Coringa, agora caracterizado, age em defesa dos maus tratos e zoações sofridos. Assim como aconteceu no metrô, ele mata a mãe e o ex-colega de trabalho, por acreditar que eles fizeram mal para ele. O colega que sempre lhe tratou bem, ele deixa ir embora. Além disso, ao participar de programa de humor, que havia zombado de uma cena de seu show de comédia, Arthur confessa o crime do metrô, explica sua história, a forma como era tratado pelas pessoas e dá uma aula de empatia. Devido a ignorância do apresentar, reflexo da sociedade, ele o mata.

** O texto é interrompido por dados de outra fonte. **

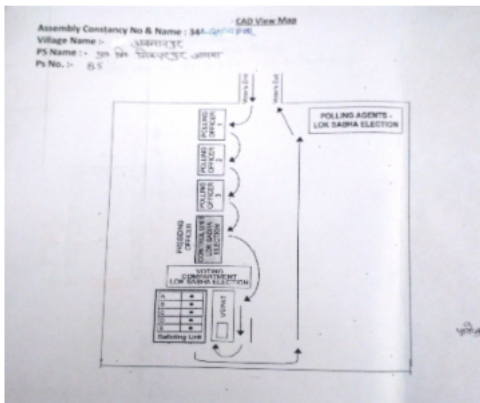

Nazri Naksha

Google Map View

Polling Station Building Front View

Polling Station Front View

Cad View

Key MAP View

“O filme Coringa foi muito polêmico, a gente pode chamar a atenção para isso. Por um lado, o filme pode aumentar o preconceito, no qual uma pessoa aparentemente normal pode se transformar naquilo que o personagem se transforma; por outro lado, ele pode otimizá-lo, apresentar que o personagem é assim porque ele sofreu muito”, aponta Flávia Fleury.


Conheça outros filmes


Se você gostou da relação do cinema com a saúde mental, segue abaixo a dica de três filmes que trouxemos sobre a temática.



Riley é uma garota divertida de 11 anos de idade que deve enfrentar mudanças importantes em sua vida quando seus pais decidem deixar a sua cidade natal. Dentro do seu cérebro, convivem várias emoções diferentes, como a Alegria, o Medo, a Raiva, o Nojinho e a Tristeza. A líder deles é a Alegria, que se esforça bastante para fazer com que a vida de Riley seja sempre feliz. Entretanto, uma confusão na sala sai de controle e faz com que ela e a Tristeza sejam expelidas para fora do local. Agora, elas precisam percorrer as várias ilhas existentes nos pensamentos de Riley para que possam retornar à sala de controle - e, enquanto isto não acontece, a vida da garota muda radicalmente.



Baseado em uma história real, o filme retrata a médica Nise da Silveira, que, em 1950, se recusou a seguir tendências locais no tratamento de pessoas com esquizofrenia em um hospital psiquiátrico no Rio de Janeiro. Subjugada e isolada pelos colegas médicos, decide assumir o, então abandonado, setor de Terapia Ocupacional, onde dá início à uma revolução regida por amor, arte e loucura. E os resultados são inacreditáveis.



O enredo de Por Lugares Incríveis acompanha Violet Markey (Elle Fanning) e Theodore Finch (Justice Smith), que têm suas vidas transformadas para sempre quando se conhecem. Juntos, eles se apoiam para curar os estigmas emocionais e físicos que adquiriram no passado.